**Exercise requirements:**
Go through the listing and copy each line with the string "Mairie".

**Supplied information:**
++++++++++++++++++++

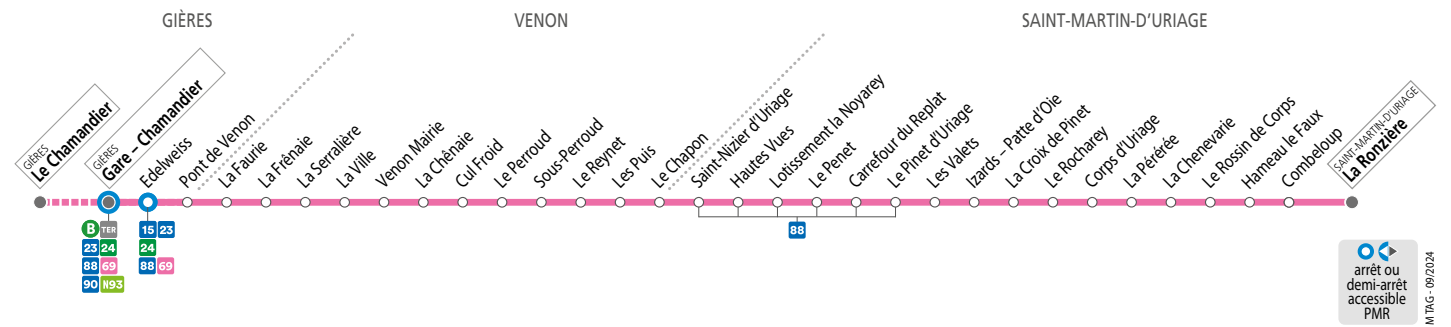

SEMAINE EN VACANCES SCOLAIRES – les horaires indiqués peuvent varier en fonction des aléas de la circulation

Gières Gare Université	07 50	08 50	11 10	12 15	14 30	16 20	17 43	19 05	19 50
Edelweiss	07 51	08 51	11 11	12 16	14 31	16 21	17 44	19 06	19 51
La Faurie	07 55	08 55	11 15	12 20	14 35	16 27	17 50	19 12	19 55
Venon Mairie	07 59	08 59	11 19	12 24	14 39	16 31	17 54	19 16	19 59
Le Chapon	08 06	09 06	11 26	12 31	14 46	16 39	18 02	19 24	20 06
Saint Nizier d'Uriage	11 29	12 34	14 49	16 44	18 07	19 29	20 09		
Hautes Vues	11 30	12 35	14 50	16 45	18 08	19 30	20 10		
Le Pinet d'Uriage	11 33	12 38	14 53	16 50	18 13	19 35	20 13		
Corps d'Uriage	11 39	12 44	14 59	17 00	18 23	19 45	20 19		
La Ronzière	11 45	12 50	15 05	17 09	18 32	19 54	20 25		

SAMEDIS – les horaires indiqués peuvent varier en fonction des aléas de la circulation

Gières Gare Université	08 45	09 45	10 45	11 45	12 45	13 45	14 45	15 45	16 45	17 45	18 45	19 45
Edelweiss	08 46	09 46	10 46	11 46	12 46	13 46	14 46	15 46	16 46	17 46	18 46	19 46
La Faurie	08 50	09 50	10 50	11 50	12 50	13 50	14 50	15 50	16 50	17 50	18 50	19 50
Venon Mairie	08 54	09 54	10 54	11 54	12 54	13 54	14 54	15 54	16 54	17 54	18 54	19 54
Le Chapon	09 01	10 01	11 01	12 01	13 01	14 01	15 01	16 01	17 01	18 01	19 01	20 01

NE CIRCULE PAS LES DIMANCHES ET JOURS FÉRIÉS

VÉLOS ADMIS
sous réserve de places disponibles et uniquement pour les trajets signalés par un pictogramme.

Voyager en groupe ?
Effectuez une demande d'autorisation préalable : reso-m.fr/groupe

Tabac Presse
23 Grande Rue 38610 Gières
Arrêt Edelweiss

HORAIRES SUR RÉSERVATION
Réservation 24h/24, jusqu'à 2 heures avant votre déplacement

MaResa

- l'appli MaResa
- reso-m.fr/flexo
- 04 38 70 38 70

Téléchargez dans l'App Store | Disponible sur Google Play

Faites signe au conducteur à l'approche du bus

reso-m.fr
Toute l'information et toutes les solutions de mobilités.

04 38 70 38 70

mobilités-m.fr
Téléchargez dans l'App Store | Disponible sur Google Play
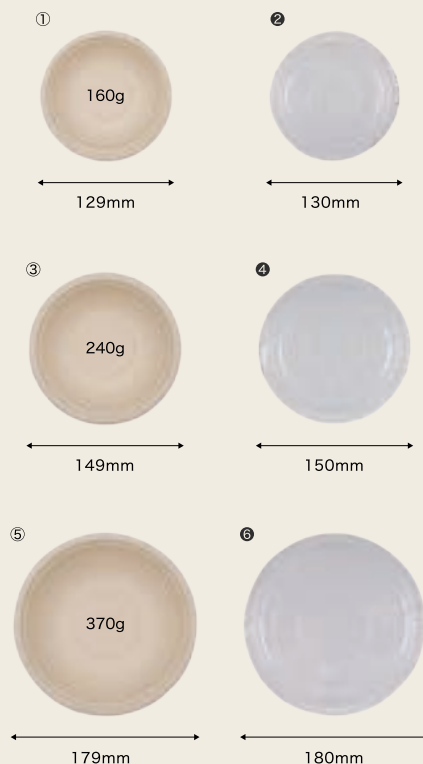

webサイトで調べる

NO	品番	商品名	サイズ	小袋	ケース
①	617474	BBボウル 350	直径135×50mm	50	1,000
②	157698	クリーンボール M400 OC新	直径136×18mm	100	1,200
③	617476	BBボウル 500	直径155×55mm	50	600
④	72591	耐熱-212 透明蓋	直径157×13mm	50	1,200

●材質:①③ 竹・パガス / ② A-PET / ④ OPS

BBボウルM

※プラ製対応蓋については、素材、機能面のアイコンの適用外です。

バックスタイルエコ

webサイトで調べる

NO	品番	商品名	サイズ	小袋	ケース
①	670564	BBボウルM 小	直径129×40mm	50	1,200
②	619938	ニュートボールM 小 蓋	直径130×21mm	50	1,200
③	670565	BBボウルM 中	直径149×45mm	50	900
④	375774	ニュートボールM 中 蓋	直径150×23mm	50	900
⑤	670566	BBボウルM 大	直径179×48mm	50	600
⑥	375775	ニュートボールM 大 蓋	直径180×24mm	50	600
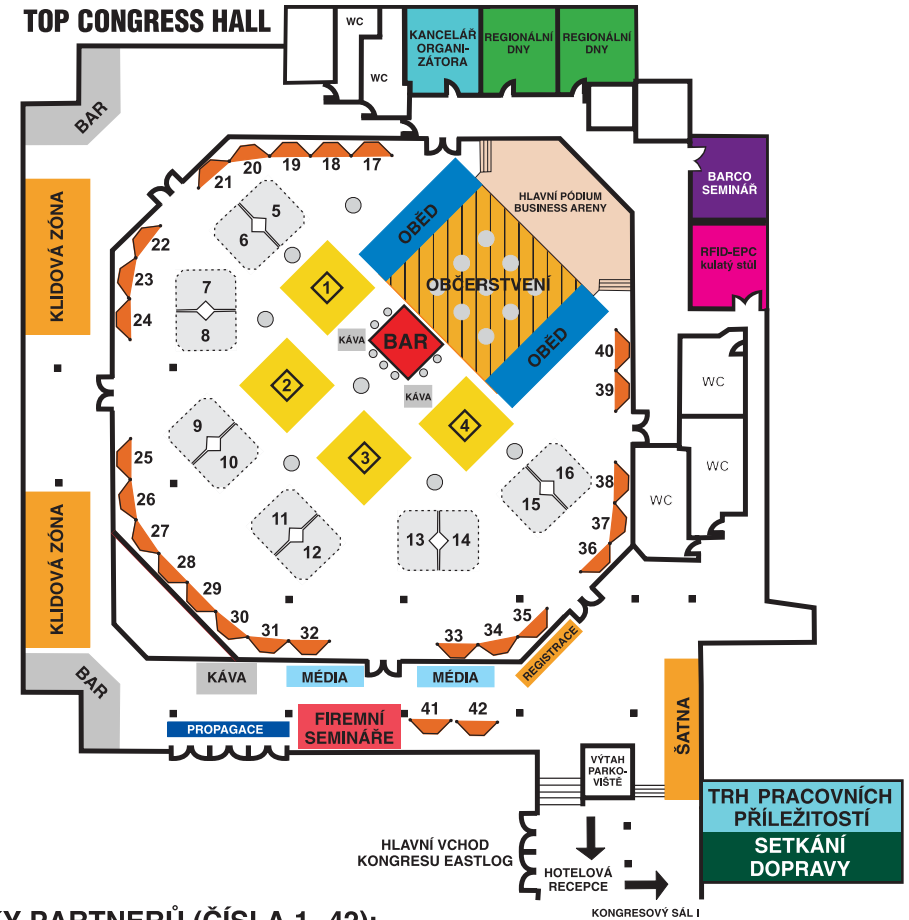

STÁNKY PARTNERŮ (ČÍSLA 1–42):

ZLATÍ PARTNEŘI:

...když míříte vysoko.
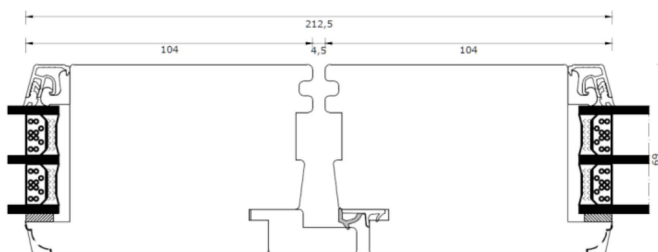

3-lags fyr - Dobbelt terrassedør, udadgående

Overkarm

Sidekarm

Hårdtræs Bundkarm

Sammenlukning

Energisprosse

Glasfiber bundkarm
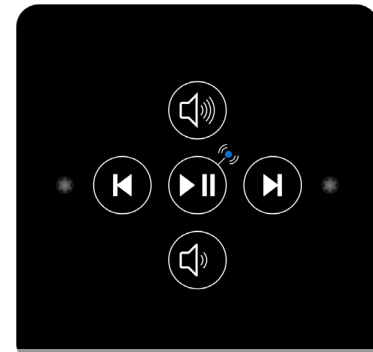

Option: Bluetooth Modul/ Soundsystem

++++++++++++++++++++

**Exercise output:**
Venon Mairie	07 59	08 59	11 19	12 24	14 39	16 31	17 54	19 16	19 59
Venon Mairie	08 54	09 54	10 54	11 54	12 54	13 54	14 54	15 54	16 54	17 54	18 54	19 54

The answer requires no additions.